4. Characteristics of PMS Databases - Ideal and Actual

Generally PMS databases reflect three levels of data collection: network, project and research. The most general and the most widely used is network level data collection which normally reflects three sublevels:

  1. Minimum required
  2. Very important data
  3. Desirable data

In most cases state DOTs collect only the minimum required data and in some cases even less than is considered minimally required as discussed below.

The project level involves a much more detailed data collection effort and one, which is not currently collected for inclusion in a PMS. It involves detailed design and as-built data on individual pavement sections including thickness, material strengths, variability, stiffness and ultimately forensics analysis of pavement failures. These data vary with the type of project being considered, but will be presented here at two sublevels:

  1. The minimum level required to be worthwhile for accurate project definition and
  2. A more detailed desired level.

The third pavement management level involves research and evaluation and in some cases includes forensic information.
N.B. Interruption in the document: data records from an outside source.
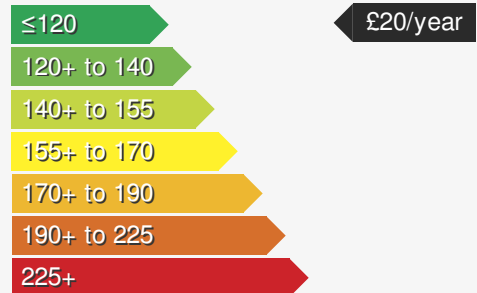

VEHICLE ROAD TAX

Road tax for this vehicle will be £20/year

Every effort has been made to ensure the accuracy of the information above, however errors may occur. Do not rely entirely on this information but check with the dealership about items that may affect your decision to buy. Please disregard the mileage unless it is verified by an independent mileage search. The MPG figure above relates to a typical example of the model when new. This will vary according to the age, condition and mileage of the vehicle and should be used for comparison purposes only.
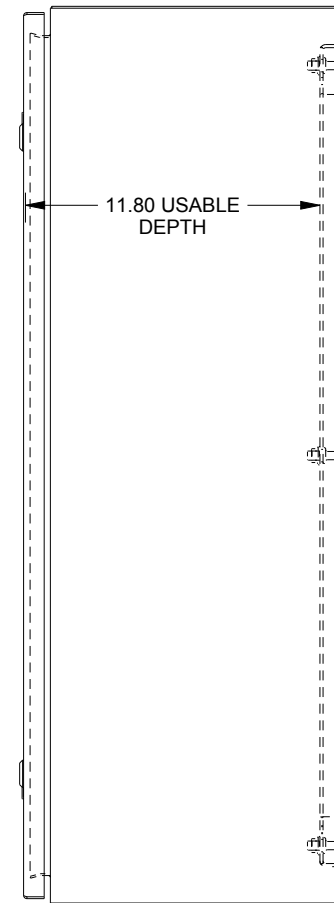

SAGINAW CONTROL & ENGINEERING

SCE-36EL3012SS6LP

TOP VIEW

LEFT SIDE VIEW

FRONT VIEW

RIGHT SIDE VIEW

EXTERNAL REAR VIEW

BOTTOM VIEW
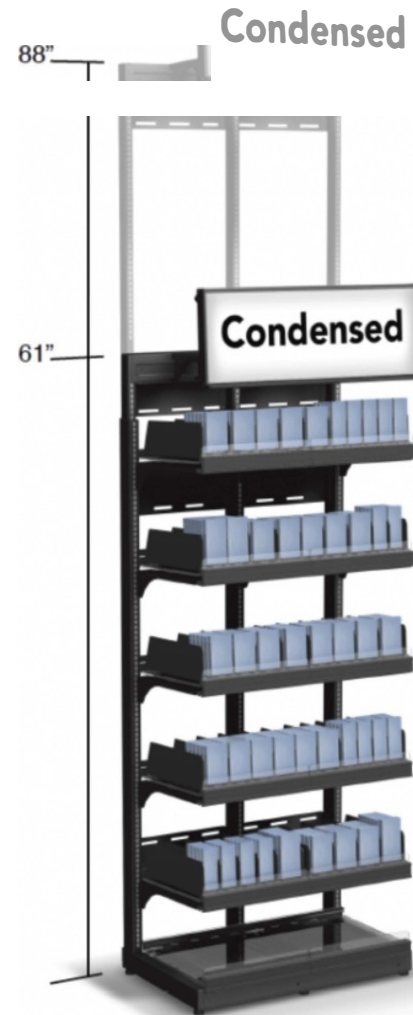

## Additional Features:

- ✓ **Adjustable Header Signage** features vertical adjustability, flip-Up Capability, and dedicated downlight to highlight product.  
*(Plus – IMPACT! LED signs are 25% Brighter than other headers.)*
- ✓ **Custom Product Pushers** are available for each specific product category: Cigarette, OTP, ITP, etc.
- ✓ **Thoughtful Cord Management** allows retailers to tuck away unsightly cords and keep them organized and easy to access.

*Header attaches to frame with 6" variability.*

**Low Profile**

- Frame Height 55"
- Nonadjustable frame
- Header attaches to top of frame with 6" variability.
- Adjustable header shown in highest position at 61.5"
- Display can be placed on counter or floor.

**Condensed**

- Frame Height range 61" – 88"
- Telescopic adjustability every 3"
- Header attaches to top of frame with 6" variability.
- Adjustable header shown in highest position at 67.5"
- Floor Display

**High Profile**

- Frame Height range 61" – 88"
- Telescopic adjustability every 3"
- Header attaches to top of frame with 6" variability.
- Adjustable header shown in highest position at 94.5"
- Floor Display

To be most valuable the research level database will involve several sections or projects where the set of sections or projects combine to form a factorial or set of sections that can be compared for evaluation of material specifications, construction methods and design. All state DOTs have these kinds of data. It is used every time a new method is employed or a new construction procedure is tested. Unfortunately the data seldom get entered electronically into the organized pavement management database. Thus it seldom gets properly tied to the pavement management identification location. It is critical in the Superpave evaluation activities for example to set up this database in electronic format on a permanent basis. The Superpave example can also be expanded to other concepts by state DOTs as discussed later. The exact details of this research/evaluation database will depend on the individual studies.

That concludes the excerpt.